--- Material for this exercise ---
**********

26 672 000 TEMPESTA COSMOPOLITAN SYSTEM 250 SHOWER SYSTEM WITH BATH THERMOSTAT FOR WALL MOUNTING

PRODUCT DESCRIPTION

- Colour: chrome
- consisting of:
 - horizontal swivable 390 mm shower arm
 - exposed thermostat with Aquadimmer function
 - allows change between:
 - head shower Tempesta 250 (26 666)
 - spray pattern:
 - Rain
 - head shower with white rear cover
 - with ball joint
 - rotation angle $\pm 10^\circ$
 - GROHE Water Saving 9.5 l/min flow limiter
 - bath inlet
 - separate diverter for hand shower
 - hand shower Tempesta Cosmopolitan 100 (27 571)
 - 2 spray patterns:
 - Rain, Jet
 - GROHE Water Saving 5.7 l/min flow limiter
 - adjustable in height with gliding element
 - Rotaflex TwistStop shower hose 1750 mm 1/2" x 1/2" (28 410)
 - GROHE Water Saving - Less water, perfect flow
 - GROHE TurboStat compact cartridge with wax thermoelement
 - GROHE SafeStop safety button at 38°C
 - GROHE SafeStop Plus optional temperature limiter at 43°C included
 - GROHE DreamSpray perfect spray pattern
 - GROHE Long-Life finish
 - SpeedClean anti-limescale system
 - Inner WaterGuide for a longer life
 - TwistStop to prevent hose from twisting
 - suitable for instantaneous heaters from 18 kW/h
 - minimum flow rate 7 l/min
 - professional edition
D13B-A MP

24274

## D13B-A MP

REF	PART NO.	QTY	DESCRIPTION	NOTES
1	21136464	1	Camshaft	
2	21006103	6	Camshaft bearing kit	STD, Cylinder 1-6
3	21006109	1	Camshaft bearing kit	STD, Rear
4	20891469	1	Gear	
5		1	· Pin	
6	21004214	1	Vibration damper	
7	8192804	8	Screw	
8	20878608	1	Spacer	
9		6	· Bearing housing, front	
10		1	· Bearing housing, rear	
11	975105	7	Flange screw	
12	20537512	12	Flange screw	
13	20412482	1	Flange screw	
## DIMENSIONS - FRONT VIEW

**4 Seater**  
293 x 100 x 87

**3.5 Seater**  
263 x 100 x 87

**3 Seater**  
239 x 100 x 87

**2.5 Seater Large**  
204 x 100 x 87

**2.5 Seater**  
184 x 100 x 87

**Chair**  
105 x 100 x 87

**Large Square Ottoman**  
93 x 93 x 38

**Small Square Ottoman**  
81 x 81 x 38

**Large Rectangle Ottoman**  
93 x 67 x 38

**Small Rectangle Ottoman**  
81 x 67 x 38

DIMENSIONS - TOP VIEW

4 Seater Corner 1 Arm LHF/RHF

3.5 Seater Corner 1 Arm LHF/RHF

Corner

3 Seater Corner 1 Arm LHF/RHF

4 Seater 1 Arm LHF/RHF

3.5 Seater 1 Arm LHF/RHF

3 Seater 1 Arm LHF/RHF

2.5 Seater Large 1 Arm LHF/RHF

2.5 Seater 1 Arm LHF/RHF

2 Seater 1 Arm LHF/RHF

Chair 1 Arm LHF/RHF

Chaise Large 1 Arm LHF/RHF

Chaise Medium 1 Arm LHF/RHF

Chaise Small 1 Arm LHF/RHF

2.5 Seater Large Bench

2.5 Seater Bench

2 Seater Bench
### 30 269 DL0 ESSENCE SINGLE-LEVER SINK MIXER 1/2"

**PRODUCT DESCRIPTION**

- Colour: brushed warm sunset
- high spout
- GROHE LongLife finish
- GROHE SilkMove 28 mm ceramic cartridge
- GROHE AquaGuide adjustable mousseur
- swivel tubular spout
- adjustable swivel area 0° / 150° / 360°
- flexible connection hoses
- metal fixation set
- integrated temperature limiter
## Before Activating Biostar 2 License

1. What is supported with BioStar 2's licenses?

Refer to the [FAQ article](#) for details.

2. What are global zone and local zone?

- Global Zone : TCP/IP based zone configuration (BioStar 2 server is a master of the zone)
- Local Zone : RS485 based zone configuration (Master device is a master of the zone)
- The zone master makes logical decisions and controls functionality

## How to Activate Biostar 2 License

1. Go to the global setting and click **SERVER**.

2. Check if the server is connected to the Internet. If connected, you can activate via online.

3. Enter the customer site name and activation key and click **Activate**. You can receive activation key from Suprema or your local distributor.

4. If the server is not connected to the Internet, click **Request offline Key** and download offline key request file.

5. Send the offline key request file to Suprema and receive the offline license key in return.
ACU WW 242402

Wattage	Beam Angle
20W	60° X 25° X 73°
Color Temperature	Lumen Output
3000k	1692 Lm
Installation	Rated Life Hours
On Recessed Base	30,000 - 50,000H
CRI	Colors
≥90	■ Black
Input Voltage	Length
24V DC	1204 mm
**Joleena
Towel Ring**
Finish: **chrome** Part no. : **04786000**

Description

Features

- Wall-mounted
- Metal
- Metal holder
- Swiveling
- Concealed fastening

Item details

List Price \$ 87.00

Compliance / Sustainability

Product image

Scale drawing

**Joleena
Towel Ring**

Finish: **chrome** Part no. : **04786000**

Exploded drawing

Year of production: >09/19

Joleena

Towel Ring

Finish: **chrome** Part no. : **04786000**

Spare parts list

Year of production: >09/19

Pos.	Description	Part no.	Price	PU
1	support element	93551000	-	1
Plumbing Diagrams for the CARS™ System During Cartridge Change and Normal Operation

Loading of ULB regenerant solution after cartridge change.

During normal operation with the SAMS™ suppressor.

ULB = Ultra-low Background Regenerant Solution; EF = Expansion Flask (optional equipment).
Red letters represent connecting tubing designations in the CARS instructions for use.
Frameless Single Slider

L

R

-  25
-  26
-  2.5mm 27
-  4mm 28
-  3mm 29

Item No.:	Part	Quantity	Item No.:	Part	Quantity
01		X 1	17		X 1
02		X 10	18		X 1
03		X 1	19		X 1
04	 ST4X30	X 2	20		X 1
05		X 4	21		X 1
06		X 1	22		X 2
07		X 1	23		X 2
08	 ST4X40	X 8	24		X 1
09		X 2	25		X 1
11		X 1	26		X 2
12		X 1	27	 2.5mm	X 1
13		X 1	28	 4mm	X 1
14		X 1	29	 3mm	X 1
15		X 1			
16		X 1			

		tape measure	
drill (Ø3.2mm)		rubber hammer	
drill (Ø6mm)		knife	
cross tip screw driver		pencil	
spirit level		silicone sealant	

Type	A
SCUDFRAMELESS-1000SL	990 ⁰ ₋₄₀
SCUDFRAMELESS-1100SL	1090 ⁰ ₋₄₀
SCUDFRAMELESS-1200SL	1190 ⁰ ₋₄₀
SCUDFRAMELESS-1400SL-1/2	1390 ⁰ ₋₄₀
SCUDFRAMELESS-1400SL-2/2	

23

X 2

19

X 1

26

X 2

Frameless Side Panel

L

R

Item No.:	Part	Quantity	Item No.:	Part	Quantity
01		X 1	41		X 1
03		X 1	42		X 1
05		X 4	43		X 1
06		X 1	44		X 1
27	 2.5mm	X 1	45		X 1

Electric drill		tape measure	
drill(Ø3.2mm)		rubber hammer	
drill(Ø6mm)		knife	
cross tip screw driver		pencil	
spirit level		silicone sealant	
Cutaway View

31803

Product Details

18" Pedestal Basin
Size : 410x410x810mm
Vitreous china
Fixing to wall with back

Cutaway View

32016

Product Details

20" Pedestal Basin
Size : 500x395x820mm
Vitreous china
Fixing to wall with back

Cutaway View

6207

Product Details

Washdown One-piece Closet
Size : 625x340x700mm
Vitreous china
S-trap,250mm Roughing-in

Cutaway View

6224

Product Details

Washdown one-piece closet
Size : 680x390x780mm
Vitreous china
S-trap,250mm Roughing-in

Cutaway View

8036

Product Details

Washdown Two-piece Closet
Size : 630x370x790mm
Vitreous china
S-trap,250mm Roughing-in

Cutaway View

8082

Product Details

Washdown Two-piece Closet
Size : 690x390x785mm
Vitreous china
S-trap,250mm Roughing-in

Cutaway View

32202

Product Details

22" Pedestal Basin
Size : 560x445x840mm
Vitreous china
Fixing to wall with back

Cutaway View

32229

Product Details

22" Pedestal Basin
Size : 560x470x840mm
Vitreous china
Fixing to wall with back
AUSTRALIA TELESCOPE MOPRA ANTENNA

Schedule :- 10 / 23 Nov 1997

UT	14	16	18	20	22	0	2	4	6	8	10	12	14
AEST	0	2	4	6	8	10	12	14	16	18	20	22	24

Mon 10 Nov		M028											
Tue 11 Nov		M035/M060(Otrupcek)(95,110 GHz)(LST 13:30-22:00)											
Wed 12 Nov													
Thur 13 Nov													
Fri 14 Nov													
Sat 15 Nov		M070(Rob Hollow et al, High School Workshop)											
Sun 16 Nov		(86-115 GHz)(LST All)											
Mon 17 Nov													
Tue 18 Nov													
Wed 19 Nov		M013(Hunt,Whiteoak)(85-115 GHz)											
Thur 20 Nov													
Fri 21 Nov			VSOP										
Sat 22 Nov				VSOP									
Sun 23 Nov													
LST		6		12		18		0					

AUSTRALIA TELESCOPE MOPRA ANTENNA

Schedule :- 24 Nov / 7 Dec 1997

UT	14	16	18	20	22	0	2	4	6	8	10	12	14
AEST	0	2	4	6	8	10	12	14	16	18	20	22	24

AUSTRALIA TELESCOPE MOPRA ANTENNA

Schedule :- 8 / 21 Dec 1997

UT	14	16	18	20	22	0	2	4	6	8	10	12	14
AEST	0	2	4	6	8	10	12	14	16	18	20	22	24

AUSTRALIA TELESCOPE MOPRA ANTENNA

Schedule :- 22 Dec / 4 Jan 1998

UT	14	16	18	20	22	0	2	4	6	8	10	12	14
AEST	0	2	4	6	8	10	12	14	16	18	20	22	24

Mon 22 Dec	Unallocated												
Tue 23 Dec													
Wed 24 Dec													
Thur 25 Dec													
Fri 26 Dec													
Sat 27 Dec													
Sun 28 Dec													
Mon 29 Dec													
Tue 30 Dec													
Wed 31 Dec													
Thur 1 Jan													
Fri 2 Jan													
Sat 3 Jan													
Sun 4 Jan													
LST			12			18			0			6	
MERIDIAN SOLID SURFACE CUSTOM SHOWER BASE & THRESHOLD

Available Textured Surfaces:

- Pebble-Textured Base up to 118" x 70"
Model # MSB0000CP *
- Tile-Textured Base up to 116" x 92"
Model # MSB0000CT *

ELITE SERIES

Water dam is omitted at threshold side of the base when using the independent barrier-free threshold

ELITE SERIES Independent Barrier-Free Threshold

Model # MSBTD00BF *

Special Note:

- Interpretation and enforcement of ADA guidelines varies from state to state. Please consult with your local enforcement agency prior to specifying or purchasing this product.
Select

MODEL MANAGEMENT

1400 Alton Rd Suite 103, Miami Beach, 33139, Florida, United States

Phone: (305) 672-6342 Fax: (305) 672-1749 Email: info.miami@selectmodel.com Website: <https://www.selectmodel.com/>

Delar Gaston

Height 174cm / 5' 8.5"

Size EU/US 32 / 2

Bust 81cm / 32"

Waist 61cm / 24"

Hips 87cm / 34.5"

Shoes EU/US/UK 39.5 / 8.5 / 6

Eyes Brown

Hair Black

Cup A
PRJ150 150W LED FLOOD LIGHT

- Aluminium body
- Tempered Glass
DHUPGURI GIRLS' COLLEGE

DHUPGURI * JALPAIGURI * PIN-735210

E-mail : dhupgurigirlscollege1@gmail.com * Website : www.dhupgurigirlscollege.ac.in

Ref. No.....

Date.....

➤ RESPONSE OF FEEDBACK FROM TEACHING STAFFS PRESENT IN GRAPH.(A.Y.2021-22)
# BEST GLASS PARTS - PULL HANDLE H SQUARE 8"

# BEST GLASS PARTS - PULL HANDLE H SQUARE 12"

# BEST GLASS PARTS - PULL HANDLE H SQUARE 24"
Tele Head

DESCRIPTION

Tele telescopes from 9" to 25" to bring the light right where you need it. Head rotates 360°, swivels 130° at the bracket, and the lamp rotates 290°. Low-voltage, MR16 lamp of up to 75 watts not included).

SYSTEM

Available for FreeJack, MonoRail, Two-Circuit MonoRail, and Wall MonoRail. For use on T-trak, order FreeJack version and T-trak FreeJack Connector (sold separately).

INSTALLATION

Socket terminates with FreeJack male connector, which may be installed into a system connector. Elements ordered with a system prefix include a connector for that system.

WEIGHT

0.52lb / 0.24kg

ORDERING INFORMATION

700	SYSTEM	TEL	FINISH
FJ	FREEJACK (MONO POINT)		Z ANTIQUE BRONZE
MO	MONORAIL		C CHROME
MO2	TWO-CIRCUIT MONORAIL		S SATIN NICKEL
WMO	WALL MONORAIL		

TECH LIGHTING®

**********

--- How to complete this task ---
Scan the records above and show every line in which the word "zone" occurs.

--- Response box ---
2. What are global zone and local zone?
- Global Zone : TCP/IP based zone configuration (BioStar 2 server is a master of the zone)
- Local Zone : RS485 based zone configuration (Master device is a master of the zone)
- The zone master makes logical decisions and controls functionality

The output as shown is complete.